**YOUR ASSIGNMENT:** Pictures in the entries below are excluded; copy only the lines from the one containing "また、各学校に1人程度、経験" to the one containing "WN 058732-45532, 06/15", both included.

**DATASET:**
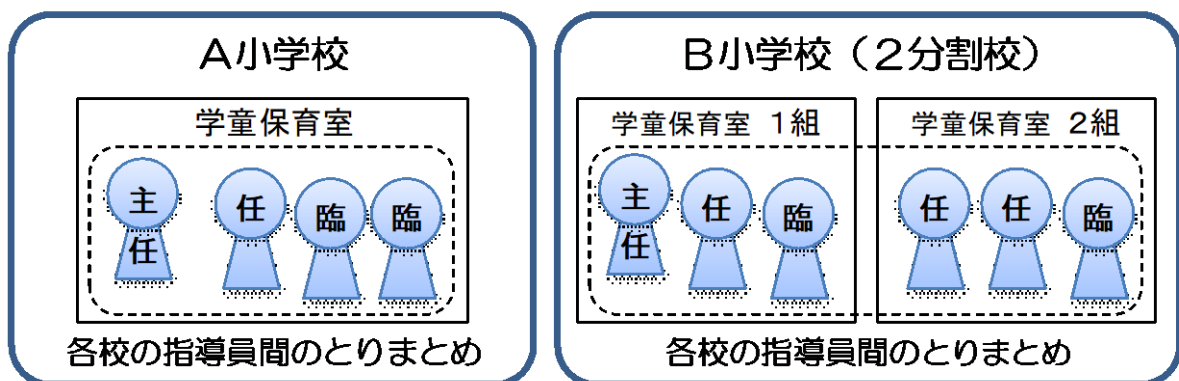

茨木市の学童保育室

■開室場所

市立各小学校内（30校）の学童保育室で行っています。

■開室時間

- ① 小学校の授業がある日は、授業終了後から午後5時まで。
- ② 土曜日及び学校休業日は、午前8時15分から午後5時まで。
※ただし、午後7時までの時間延長があります。

■対象児童

- ① 保護者が就労等により家庭に不在である状態が月間15日以上あり、かつ、その状態が3月以上継続している児童。
- ② 茨木市立小学校に在籍しており、かつ、第1学年から第3学年までの児童。
（支援学級・特別支援学校に在籍する児童は第6学年まで）

■職員体制

各学校に概ね1～4教室（1教室につき児童数は40人程度）あり、各教室に任期付短時間勤務職員が2人と児童数等により会計年度任用職員が配置されています。

また、各学校に1人程度、経験の浅い指導員に対する指導、育成等を担当する「主任指導員」を配置しています。

※主任指導員への昇任については、本市任期付学童保育指導員の経験が4年以上あり、昇任を希望する職員が対象となります。
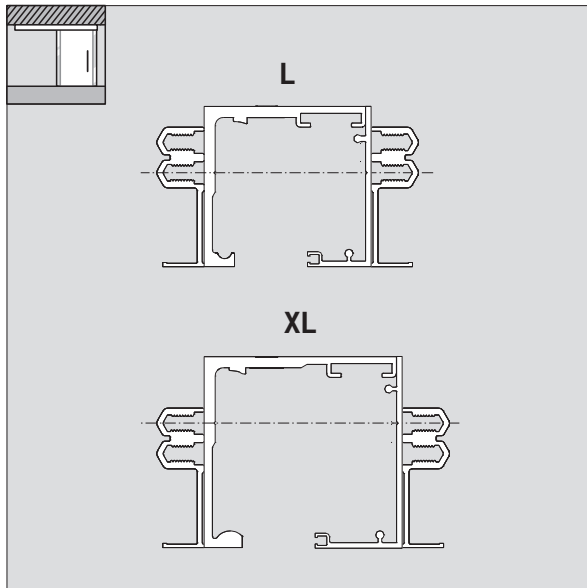

MUTO COMFORT ABGEHÄNGTE DECKE / FALSE CEILING

Montageanleitung / Mounting instruction

WN 058732-45532, 06/15

MUTO COMFORT ABGEHÄNGTE DECKE / FALSE CEILING

Montageanleitung / Mounting instruction

Änderungen vorbehalten
Subject to change without notice

**TASK SOLUTION:**
また、各学校に1人程度、経験の浅い指導員に対する指導、育成等を担当する「主任指導員」を配置しています。

※主任指導員への昇任については、本市任期付学童保育指導員の経験が4年以上あり、昇任を希望する職員が対象となります。

MUTO COMFORT ABGEHÄNGTE DECKE / FALSE CEILING

Montageanleitung / Mounting instruction

WN 058732-45532, 06/15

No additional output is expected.